Your explicit assignment of EXITCODE would terminate Procmail with an error message if it weren't for the fact that it contains a syntax error. In shell script, and thus also in Procmail, you are not allowed whitespace around an equals sign in an assignment. It's unclear what you hope to achieve with the EXITCODE anyway; my suggestion is simply to leave it out.

Given that your final goal is to import the message to MySQL, I would propose a simpler test: Open a second file for appending, and write the output there. This should show you whether the PHP code is working as you expect. (Maybe add a time stamp so you see when the results were written, so you don't end up examining old results. Perhaps you'll actually want to overwrite instead of append as long as you're testing; but the date stamp still makes sense.) If PHP is your tool of choice, feel free to stick with that, although I suspect this would be much simpler as a tiny shell script, which you could probably inline to your .procmailrc. Depending on your database schema, something like

:0b
| base64 -d | \
  sed -n '/Description/s/.*/insert into table (field1,field2,field3) values (&);/p' \
  | mysql -uyou -pxyzzy -s db

In the meantime, here's how I would solve your immediate problem.

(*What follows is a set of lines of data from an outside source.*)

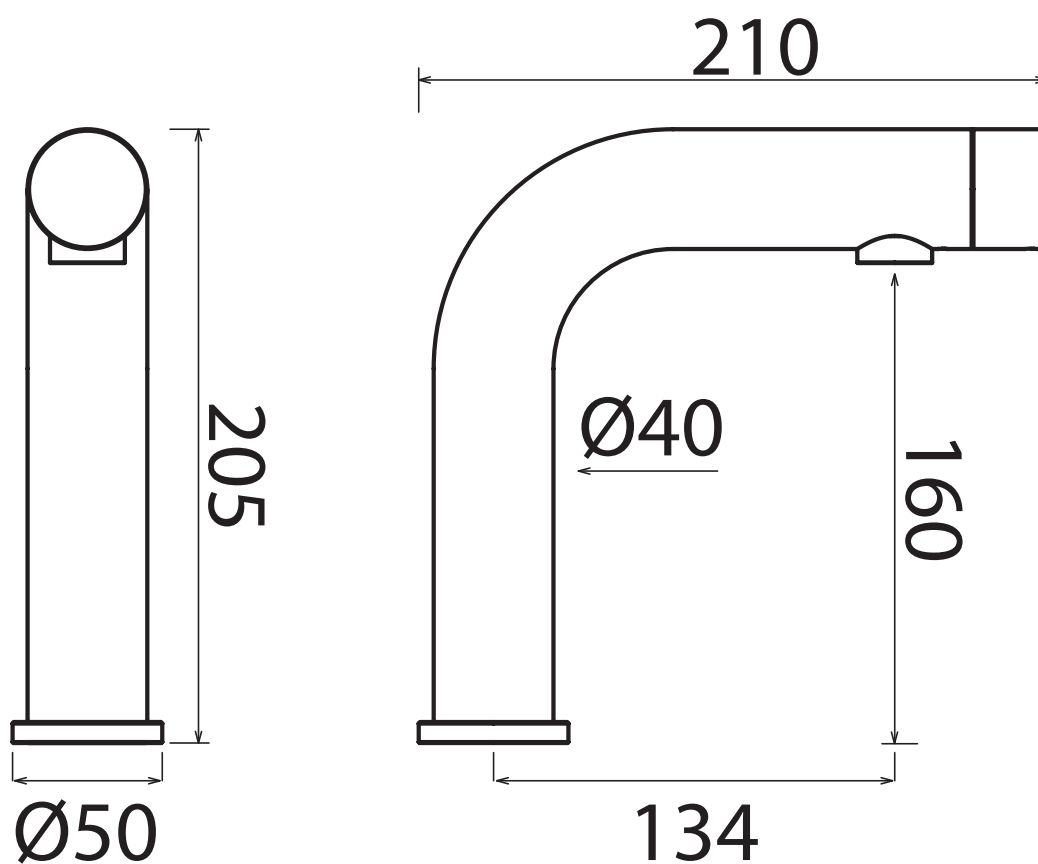

PURO

PUR001

Top-mounted mixer for basin
Miscelatore lavabo da piano
Mezcladora de apoyo para lavabos
Mitigeur au plan pour lavabo
Aufsatz-Mischbatterie für Waschbecken

The entire PHP program can be replaced with a single piece of sed script: sed '1s/^/raw is /' though to avoid a useless use of grep I would also factor in the search for Description.

:0bfw   # Can be simplified if your sed supports a case-insensitive flag
| base64 -d | \
  sed -n '/[Dd][Ee][Ss][Cc][Rr][Ii][Pp][Tt][Ii][Oo][Nn]/s/^/raw is /p'
:0
! [email protected]

The forwarding action will retain the original headers. If that's not what you want, maybe extract the ones you do want to keep, e.g. with formail; or create entirely new headers with printf. You could replace the simple second recipe with the action ! [email protected] with something a bit more complex, like perhaps the following:

:0fhw
| ( formail -XSubject:; \
    printf "From: %s\nTo: %s\n" "[email protected]" "[email protected]" )
:0
! -t

(sendmail -t means take whatever the headers of the message say, and send the message there.)

For debugging, your recipe file should not contain an explicit VERBOSE=off. This is the default, which makes no sense to override; but hard-coding it makes it impossible to debug your recipes with VERBOSE=yes on the Procmail command line.